§ LISTED ENTRIES:
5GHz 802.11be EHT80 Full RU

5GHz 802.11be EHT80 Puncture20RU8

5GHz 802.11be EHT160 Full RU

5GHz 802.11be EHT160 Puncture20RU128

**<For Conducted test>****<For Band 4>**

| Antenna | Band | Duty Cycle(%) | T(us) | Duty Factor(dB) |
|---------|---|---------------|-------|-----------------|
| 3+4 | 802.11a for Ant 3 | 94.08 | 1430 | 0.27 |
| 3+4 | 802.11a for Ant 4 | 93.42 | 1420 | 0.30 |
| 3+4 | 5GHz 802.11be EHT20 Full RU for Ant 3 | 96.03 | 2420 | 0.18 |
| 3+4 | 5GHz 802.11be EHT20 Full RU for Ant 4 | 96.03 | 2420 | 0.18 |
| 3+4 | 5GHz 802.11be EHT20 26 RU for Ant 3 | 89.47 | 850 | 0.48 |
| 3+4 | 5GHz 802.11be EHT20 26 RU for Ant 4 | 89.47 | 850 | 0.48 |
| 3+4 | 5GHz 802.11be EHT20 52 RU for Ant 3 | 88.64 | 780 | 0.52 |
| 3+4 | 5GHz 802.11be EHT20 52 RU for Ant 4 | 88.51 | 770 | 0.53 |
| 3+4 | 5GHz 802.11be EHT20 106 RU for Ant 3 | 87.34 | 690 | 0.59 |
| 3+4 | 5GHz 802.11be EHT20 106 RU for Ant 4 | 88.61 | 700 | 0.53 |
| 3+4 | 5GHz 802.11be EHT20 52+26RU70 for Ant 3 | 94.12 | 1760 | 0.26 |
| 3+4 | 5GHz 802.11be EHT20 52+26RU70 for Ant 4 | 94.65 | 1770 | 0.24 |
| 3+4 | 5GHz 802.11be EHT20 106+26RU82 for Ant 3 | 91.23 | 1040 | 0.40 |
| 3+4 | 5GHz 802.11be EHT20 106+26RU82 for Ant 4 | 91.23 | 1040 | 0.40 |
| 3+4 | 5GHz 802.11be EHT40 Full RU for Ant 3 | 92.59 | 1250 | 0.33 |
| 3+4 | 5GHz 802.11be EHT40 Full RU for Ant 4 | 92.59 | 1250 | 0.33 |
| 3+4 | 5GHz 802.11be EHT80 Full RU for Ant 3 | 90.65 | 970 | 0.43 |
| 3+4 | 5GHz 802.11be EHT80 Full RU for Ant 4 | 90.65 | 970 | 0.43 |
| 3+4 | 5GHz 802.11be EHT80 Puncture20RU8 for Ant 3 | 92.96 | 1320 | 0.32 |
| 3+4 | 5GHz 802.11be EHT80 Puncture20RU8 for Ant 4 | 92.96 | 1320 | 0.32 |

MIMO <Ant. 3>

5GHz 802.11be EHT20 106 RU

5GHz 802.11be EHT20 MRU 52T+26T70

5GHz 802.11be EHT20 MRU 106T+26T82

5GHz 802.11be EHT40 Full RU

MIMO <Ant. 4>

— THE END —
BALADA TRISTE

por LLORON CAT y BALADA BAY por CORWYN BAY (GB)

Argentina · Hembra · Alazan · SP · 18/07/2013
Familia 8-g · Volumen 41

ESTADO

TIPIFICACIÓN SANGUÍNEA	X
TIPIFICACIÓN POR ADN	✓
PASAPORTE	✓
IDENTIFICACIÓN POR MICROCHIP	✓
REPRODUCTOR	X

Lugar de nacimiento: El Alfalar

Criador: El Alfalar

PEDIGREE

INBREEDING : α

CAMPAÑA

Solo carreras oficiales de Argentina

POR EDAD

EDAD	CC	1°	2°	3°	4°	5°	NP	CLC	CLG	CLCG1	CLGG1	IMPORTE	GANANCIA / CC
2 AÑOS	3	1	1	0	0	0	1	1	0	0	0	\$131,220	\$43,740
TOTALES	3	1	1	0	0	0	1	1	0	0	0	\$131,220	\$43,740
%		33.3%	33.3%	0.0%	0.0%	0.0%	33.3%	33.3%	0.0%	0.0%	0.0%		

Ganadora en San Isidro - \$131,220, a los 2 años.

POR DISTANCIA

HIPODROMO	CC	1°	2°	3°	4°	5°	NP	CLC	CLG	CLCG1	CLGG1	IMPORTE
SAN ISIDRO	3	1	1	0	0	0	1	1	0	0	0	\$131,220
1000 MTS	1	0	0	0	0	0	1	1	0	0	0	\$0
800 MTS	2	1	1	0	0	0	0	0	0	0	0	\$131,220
--
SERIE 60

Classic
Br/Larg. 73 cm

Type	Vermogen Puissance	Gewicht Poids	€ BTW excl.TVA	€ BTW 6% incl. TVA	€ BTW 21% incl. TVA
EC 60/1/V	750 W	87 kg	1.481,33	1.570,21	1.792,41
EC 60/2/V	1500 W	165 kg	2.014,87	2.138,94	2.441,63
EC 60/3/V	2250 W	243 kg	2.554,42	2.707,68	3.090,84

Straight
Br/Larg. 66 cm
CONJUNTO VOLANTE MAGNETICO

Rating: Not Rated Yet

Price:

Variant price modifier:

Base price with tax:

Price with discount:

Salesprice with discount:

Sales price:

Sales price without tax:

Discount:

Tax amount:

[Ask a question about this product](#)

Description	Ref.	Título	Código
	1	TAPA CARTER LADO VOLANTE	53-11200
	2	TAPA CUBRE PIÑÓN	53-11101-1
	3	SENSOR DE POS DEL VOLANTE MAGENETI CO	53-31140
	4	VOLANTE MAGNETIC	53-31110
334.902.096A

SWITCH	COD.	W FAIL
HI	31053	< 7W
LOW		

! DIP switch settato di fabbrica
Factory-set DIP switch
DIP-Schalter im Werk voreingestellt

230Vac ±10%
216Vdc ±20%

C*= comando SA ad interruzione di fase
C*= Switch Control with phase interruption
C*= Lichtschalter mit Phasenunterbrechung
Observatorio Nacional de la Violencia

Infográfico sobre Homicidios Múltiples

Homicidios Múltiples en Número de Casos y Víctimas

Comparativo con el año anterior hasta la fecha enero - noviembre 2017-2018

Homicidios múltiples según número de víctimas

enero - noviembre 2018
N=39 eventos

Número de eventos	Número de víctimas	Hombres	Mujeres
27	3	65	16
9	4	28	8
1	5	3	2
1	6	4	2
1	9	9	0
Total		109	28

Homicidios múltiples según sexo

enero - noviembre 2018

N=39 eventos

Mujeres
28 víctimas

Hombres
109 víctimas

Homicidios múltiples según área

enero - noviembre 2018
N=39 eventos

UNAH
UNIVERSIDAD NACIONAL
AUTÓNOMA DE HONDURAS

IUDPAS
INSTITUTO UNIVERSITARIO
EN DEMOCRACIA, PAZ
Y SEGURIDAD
---
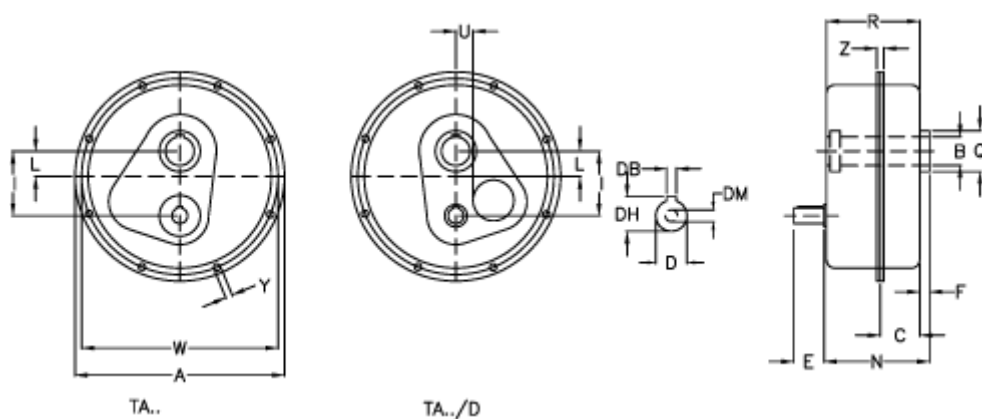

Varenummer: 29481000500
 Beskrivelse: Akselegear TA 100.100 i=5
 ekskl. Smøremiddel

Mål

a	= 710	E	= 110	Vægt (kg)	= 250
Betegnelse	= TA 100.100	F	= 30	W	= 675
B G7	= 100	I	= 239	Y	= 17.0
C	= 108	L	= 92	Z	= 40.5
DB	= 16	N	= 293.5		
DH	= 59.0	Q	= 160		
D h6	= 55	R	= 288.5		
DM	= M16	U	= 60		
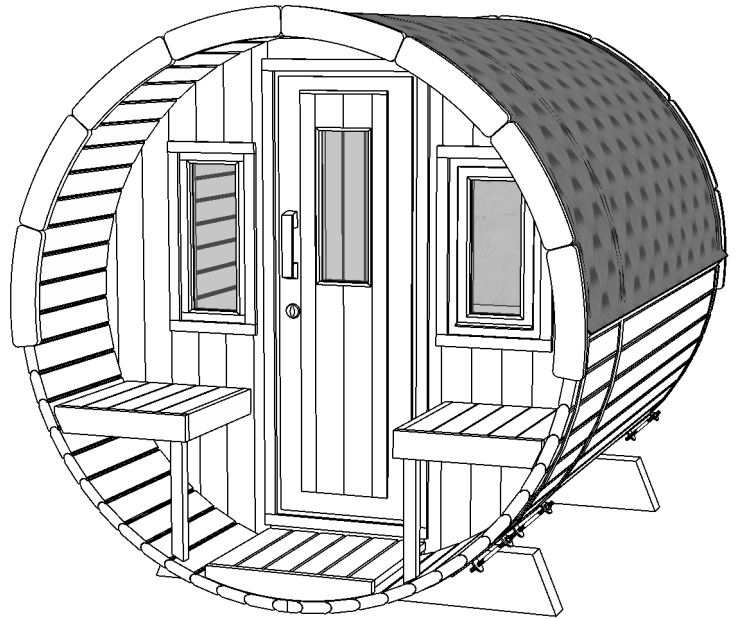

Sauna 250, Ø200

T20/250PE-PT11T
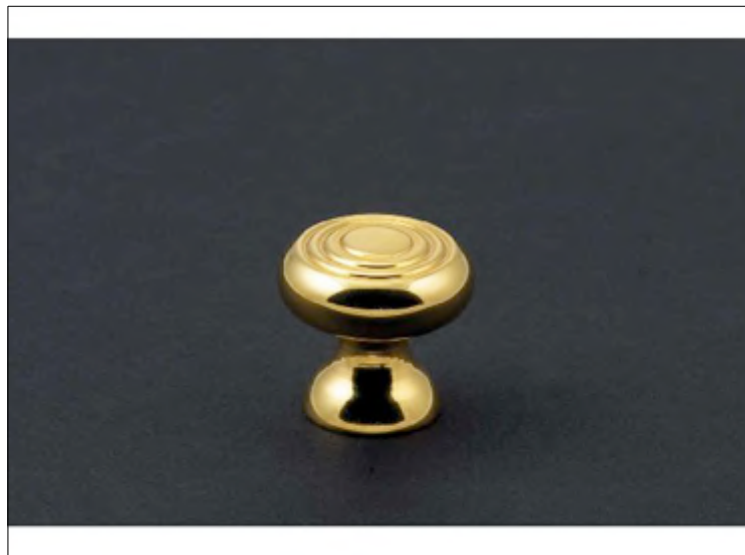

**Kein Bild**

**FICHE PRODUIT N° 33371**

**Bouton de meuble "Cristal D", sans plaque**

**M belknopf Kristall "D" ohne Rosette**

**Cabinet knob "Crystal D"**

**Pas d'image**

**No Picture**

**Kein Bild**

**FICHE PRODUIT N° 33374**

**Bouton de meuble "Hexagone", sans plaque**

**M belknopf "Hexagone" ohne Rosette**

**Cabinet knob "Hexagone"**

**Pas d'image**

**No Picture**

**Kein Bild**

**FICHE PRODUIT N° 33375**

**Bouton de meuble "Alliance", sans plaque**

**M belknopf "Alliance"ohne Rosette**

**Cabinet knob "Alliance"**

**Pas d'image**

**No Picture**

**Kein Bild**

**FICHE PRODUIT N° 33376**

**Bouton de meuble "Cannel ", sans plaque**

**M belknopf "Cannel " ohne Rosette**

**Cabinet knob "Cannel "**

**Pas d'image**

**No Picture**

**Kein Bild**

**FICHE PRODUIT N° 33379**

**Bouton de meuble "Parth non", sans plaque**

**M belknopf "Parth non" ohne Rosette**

§ INSTRUCTIONS FOR THE TASK: Find all the lines with "Band" in the data and copy them.

§ RESULT OF THIS EXERCISE:
**<For Conducted test>****<For Band 4>**
| Antenna | Band | Duty Cycle(%) | T(us) | Duty Factor(dB) |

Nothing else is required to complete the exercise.